Parameters: - scale (int): The scale factor by which to rescale the image and segmentation mask.
Returns: - xr.Dataset: The rescaled object containing the updated image and segmentation mask.
Raises: - AssertionError: If no image layer is found in the object. - AssertionError: If no segmentation mask is found in the object.
- threshold(quantile: Optional[float] = None, intensity: Optional[int] = None, key_added: Optional[str] = None)
Apply thresholding to the image layer of the object.
Parameters: - quantile (float): The quantile value used for thresholding.

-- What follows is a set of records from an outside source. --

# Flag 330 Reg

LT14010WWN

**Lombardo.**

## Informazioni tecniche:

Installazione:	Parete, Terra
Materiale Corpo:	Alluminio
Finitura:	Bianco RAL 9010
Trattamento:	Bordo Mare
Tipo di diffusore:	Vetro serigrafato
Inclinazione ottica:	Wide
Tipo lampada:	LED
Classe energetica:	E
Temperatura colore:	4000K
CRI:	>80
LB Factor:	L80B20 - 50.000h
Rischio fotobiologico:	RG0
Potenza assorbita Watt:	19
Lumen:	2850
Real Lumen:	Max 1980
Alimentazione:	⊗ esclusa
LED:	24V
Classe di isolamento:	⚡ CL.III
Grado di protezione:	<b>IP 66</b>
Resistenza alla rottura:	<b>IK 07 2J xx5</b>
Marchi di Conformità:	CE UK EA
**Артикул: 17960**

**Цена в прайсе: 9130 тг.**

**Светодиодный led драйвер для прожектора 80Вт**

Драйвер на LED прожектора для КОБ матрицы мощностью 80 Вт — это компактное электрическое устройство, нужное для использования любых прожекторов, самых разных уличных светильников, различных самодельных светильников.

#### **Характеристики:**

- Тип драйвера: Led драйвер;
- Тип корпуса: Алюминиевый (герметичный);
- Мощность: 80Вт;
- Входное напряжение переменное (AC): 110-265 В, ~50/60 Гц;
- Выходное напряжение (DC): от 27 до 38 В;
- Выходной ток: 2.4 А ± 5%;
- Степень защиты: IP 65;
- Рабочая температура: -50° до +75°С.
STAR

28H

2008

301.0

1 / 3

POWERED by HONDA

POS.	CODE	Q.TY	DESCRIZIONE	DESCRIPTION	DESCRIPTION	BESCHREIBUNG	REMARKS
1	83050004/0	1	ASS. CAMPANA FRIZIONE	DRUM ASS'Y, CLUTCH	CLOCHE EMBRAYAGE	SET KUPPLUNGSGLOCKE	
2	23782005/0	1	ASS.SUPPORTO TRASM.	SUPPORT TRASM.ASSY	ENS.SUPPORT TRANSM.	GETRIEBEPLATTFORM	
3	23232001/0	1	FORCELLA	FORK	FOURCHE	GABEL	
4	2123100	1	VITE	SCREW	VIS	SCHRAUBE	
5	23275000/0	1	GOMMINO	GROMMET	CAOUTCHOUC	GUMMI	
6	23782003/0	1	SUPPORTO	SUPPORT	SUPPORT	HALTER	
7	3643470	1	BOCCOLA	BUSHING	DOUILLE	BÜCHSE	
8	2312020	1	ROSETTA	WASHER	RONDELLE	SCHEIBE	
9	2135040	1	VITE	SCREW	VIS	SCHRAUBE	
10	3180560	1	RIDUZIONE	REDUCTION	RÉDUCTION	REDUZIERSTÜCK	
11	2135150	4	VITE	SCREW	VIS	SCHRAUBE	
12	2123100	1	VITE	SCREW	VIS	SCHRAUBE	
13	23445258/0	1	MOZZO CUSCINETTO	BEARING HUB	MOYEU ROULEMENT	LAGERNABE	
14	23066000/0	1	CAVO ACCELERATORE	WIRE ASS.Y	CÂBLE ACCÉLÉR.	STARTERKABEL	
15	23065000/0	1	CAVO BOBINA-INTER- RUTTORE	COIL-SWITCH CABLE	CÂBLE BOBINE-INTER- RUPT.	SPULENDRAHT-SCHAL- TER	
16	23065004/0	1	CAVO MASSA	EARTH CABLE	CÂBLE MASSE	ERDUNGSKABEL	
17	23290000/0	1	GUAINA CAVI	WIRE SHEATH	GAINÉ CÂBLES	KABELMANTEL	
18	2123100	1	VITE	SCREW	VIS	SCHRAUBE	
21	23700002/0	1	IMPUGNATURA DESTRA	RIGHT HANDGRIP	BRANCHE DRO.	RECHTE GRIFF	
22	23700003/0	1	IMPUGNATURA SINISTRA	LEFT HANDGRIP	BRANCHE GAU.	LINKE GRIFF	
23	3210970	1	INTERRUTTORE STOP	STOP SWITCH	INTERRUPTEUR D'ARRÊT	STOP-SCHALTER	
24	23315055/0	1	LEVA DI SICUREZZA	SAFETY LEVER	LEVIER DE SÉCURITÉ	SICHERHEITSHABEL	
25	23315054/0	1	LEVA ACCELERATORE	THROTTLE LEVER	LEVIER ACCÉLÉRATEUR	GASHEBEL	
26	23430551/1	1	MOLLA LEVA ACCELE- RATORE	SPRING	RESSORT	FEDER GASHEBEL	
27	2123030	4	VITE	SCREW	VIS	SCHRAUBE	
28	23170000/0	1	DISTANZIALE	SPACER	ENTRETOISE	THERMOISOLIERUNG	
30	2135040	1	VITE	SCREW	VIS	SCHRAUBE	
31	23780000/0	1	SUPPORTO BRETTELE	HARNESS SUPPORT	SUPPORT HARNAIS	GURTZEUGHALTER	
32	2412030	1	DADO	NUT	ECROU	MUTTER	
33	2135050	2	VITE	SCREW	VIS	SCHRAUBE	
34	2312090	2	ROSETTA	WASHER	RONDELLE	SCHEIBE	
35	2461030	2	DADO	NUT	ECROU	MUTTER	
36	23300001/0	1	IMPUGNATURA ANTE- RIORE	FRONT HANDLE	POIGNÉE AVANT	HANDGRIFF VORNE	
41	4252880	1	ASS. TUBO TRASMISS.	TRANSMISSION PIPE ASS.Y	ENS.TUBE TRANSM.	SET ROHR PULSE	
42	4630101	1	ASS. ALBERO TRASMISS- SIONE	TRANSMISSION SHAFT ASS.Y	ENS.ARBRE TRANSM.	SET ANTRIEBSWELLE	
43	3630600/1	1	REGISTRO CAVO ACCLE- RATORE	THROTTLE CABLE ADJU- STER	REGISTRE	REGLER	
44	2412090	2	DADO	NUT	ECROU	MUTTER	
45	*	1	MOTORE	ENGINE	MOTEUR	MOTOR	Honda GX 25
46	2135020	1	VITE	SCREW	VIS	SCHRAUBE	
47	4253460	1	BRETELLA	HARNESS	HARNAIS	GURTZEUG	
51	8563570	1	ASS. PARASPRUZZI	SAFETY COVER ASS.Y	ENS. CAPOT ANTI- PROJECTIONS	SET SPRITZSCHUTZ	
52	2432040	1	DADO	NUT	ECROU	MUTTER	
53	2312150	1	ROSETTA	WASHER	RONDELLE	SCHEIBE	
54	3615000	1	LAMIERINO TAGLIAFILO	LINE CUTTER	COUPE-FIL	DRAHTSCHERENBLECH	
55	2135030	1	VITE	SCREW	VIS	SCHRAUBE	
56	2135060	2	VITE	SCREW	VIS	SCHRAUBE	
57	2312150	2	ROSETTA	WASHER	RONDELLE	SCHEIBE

If provided, the pixels below this quantile will be set to 0. - intensity (int): The absolute intensity value used for thresholding. If provided, the pixels below this intensity will be set to 0. - key_added (Optional[str]): The name of the new image layer after thresholding. If not provided, the original image layer will be replaced.
Returns: - xr.Dataset: The object with the thresholding applied to the image layer.
Raises: - ValueError: If both quantile and intensity are None or if both quantile and intensity are provided.
- transform_expression_matrix(method: str = 'arcsinh', key: str = '_intensity', key_added: str = '_intensity', cofactor: float = 5.0, min_percentile: float = 1.0, max_percentile: float = 99.0)
Transforms the expression matrix based on the specified mode.
- Parameters
method (str) – The transformation method. Available options are “arcsinh”, “zscore”, “minmax”, “double_zscore”, and “clip”.
key (str) – The key of the expression matrix in the object.
key_added (str) – The key to assign to the transformed matrix in the object.
cofactor (float) – The cofactor to use for the “arcsinh” transformation.
min_percentile (float) – The minimum percentile value to use for the “clip” transformation.
max_percentile (float) – The maximum percentile value to use for the “clip” transformation.
- Returns
The object with the transformed matrix added.
- Return type
xr.Dataset
- Raises
ValueError – If an unknown transformation mode is specified.
AssertionError – If no expression matrix is found at the specified layer.